### WHAT THE EXERCISE ASKS
The listing below holds a line with "嶺北南部(鯖江市、越前市、etc)の37,000世帯に個別宅配 & 周辺企業3,000社に宅配。" and a later line with "南越前町 2,000部". Write out those two lines and every line between them, exactly, and nothing else.

### INPUT RECORDS
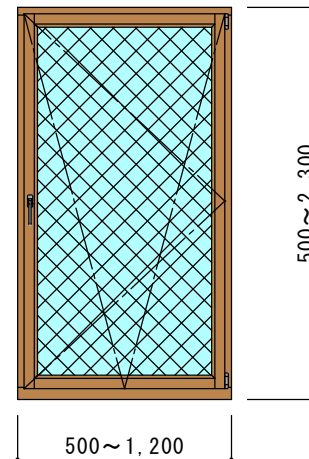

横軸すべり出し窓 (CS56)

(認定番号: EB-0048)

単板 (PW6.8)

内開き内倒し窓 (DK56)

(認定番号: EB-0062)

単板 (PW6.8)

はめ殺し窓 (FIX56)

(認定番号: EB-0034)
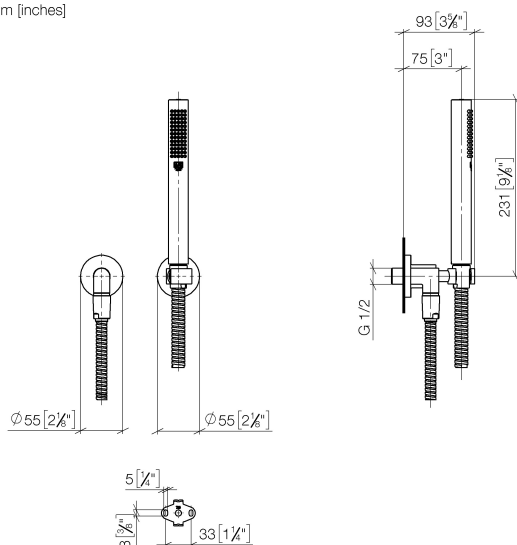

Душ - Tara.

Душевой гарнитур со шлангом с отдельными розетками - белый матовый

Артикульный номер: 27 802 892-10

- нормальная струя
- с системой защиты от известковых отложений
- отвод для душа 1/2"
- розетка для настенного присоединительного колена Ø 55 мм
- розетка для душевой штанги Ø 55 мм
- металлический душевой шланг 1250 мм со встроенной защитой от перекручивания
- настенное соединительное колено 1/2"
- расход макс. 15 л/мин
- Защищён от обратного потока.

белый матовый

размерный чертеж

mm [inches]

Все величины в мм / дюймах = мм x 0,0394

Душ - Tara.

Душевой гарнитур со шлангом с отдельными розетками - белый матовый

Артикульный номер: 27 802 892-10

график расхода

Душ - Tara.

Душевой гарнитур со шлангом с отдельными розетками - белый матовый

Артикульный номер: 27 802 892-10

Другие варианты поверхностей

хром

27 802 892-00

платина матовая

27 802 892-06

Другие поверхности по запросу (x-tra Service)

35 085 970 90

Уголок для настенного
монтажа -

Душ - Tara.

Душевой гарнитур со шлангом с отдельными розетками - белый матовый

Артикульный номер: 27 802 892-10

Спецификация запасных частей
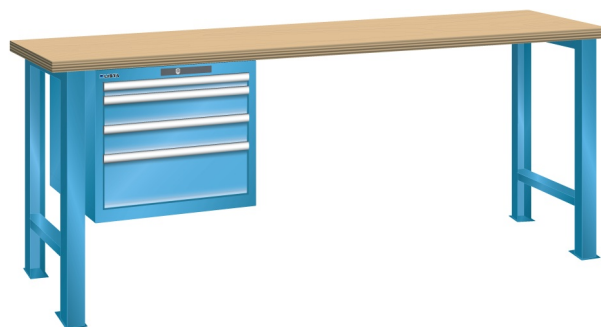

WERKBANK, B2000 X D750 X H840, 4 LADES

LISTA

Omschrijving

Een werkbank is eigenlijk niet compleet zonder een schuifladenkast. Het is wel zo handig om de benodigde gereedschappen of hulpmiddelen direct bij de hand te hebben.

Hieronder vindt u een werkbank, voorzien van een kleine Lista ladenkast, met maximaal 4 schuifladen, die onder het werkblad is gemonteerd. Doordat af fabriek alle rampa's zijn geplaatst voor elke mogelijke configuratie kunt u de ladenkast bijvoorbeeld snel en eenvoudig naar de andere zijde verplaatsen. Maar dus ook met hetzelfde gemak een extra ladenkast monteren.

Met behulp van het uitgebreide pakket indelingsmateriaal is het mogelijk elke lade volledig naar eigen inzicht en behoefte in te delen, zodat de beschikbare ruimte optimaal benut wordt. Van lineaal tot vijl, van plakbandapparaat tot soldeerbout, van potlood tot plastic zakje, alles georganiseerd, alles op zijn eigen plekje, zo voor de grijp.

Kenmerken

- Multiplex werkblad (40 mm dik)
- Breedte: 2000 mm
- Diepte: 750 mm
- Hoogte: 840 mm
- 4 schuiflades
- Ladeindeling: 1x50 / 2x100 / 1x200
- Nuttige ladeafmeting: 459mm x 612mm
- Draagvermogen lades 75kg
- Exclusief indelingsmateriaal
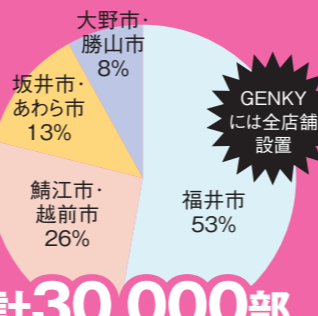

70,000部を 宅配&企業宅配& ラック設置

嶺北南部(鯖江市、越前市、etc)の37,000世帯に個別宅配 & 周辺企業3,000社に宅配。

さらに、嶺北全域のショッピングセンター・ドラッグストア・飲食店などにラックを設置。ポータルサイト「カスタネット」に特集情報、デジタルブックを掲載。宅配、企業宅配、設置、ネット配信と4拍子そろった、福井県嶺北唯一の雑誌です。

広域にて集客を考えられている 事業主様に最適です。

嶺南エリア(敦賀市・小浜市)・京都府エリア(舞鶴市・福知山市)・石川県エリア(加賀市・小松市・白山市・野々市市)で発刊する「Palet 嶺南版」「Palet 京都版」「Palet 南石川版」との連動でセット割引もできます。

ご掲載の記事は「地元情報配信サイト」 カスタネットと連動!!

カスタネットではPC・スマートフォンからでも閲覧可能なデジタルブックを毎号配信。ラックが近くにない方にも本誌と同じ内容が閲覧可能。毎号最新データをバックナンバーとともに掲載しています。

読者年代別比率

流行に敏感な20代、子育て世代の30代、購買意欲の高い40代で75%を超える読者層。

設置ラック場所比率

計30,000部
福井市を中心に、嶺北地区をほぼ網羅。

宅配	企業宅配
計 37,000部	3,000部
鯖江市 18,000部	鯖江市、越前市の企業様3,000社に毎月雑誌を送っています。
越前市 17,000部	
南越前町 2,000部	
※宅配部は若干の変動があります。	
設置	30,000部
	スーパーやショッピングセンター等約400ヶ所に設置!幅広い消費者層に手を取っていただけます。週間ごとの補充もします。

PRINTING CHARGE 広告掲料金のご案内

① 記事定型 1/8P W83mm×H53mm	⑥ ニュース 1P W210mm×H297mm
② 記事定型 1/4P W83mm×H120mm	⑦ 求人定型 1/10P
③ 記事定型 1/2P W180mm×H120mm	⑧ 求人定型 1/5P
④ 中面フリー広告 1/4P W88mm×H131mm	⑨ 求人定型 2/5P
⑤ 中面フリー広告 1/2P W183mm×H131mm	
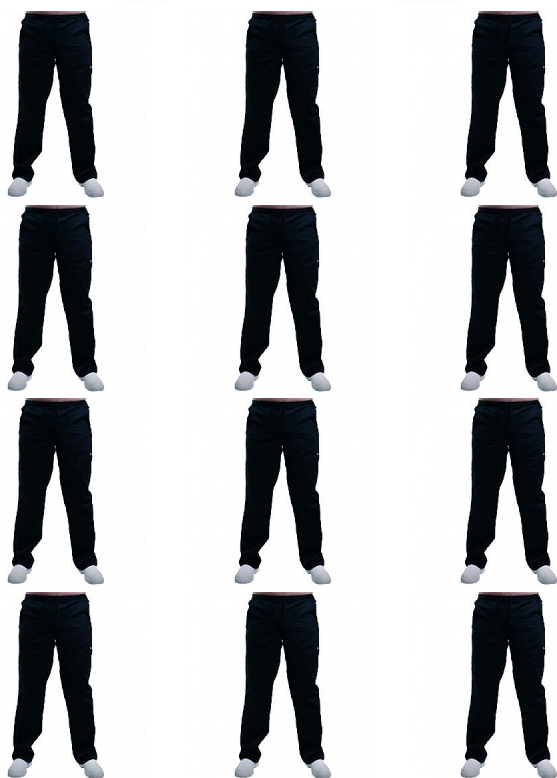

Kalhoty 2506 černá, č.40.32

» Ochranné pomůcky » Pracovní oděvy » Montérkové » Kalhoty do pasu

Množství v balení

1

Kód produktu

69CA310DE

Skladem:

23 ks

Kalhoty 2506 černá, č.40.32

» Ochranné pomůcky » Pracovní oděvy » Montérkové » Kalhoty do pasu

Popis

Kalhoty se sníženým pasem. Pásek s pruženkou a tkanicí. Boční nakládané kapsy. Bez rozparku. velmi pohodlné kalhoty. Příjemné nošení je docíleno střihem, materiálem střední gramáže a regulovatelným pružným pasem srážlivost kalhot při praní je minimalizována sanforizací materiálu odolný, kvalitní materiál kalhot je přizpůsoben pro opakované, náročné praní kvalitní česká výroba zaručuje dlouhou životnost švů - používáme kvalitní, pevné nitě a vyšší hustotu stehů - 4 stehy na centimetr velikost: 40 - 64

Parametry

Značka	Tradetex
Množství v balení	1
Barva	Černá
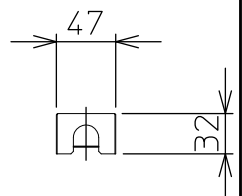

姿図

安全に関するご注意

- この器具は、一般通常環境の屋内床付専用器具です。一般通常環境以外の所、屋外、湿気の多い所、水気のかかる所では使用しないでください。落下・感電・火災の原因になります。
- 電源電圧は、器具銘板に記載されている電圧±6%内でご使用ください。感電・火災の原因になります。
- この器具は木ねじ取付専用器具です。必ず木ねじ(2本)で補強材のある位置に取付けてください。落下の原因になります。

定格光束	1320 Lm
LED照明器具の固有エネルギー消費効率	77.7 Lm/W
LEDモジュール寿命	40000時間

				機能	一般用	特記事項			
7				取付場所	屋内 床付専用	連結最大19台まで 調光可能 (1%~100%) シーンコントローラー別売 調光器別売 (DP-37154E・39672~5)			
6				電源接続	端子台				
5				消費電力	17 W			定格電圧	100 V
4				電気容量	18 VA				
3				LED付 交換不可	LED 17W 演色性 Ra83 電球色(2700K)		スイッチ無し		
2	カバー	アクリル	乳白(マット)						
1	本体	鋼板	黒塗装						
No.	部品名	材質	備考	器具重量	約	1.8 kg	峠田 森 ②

### PROBLEM SOLUTION
嶺北南部(鯖江市、越前市、etc)の37,000世帯に個別宅配 & 周辺企業3,000社に宅配。

さらに、嶺北全域のショッピングセンター・ドラッグストア・飲食店などにラックを設置。ポータルサイト「カスタネット」に特集情報、デジタルブックを掲載。宅配、企業宅配、設置、ネット配信と4拍子そろった、福井県嶺北唯一の雑誌です。

広域にて集客を考えられている 事業主様に最適です。

嶺南エリア(敦賀市・小浜市)・京都府エリア(舞鶴市・福知山市)・石川県エリア(加賀市・小松市・白山市・野々市市)で発刊する「Palet 嶺南版」「Palet 京都版」「Palet 南石川版」との連動でセット割引もできます。

ご掲載の記事は「地元情報配信サイト」 カスタネットと連動!!

カスタネットではPC・スマートフォンからでも閲覧可能なデジタルブックを毎号配信。ラックが近くにない方にも本誌と同じ内容が閲覧可能。毎号最新データをバックナンバーとともに掲載しています。

読者年代別比率

流行に敏感な20代、子育て世代の30代、購買意欲の高い40代で75%を超える読者層。

設置ラック場所比率

計30,000部
福井市を中心に、嶺北地区をほぼ網羅。

宅配	企業宅配
計 37,000部	3,000部
鯖江市 18,000部	鯖江市、越前市の企業様3,000社に毎月雑誌を送っています。
越前市 17,000部	
南越前町 2,000部	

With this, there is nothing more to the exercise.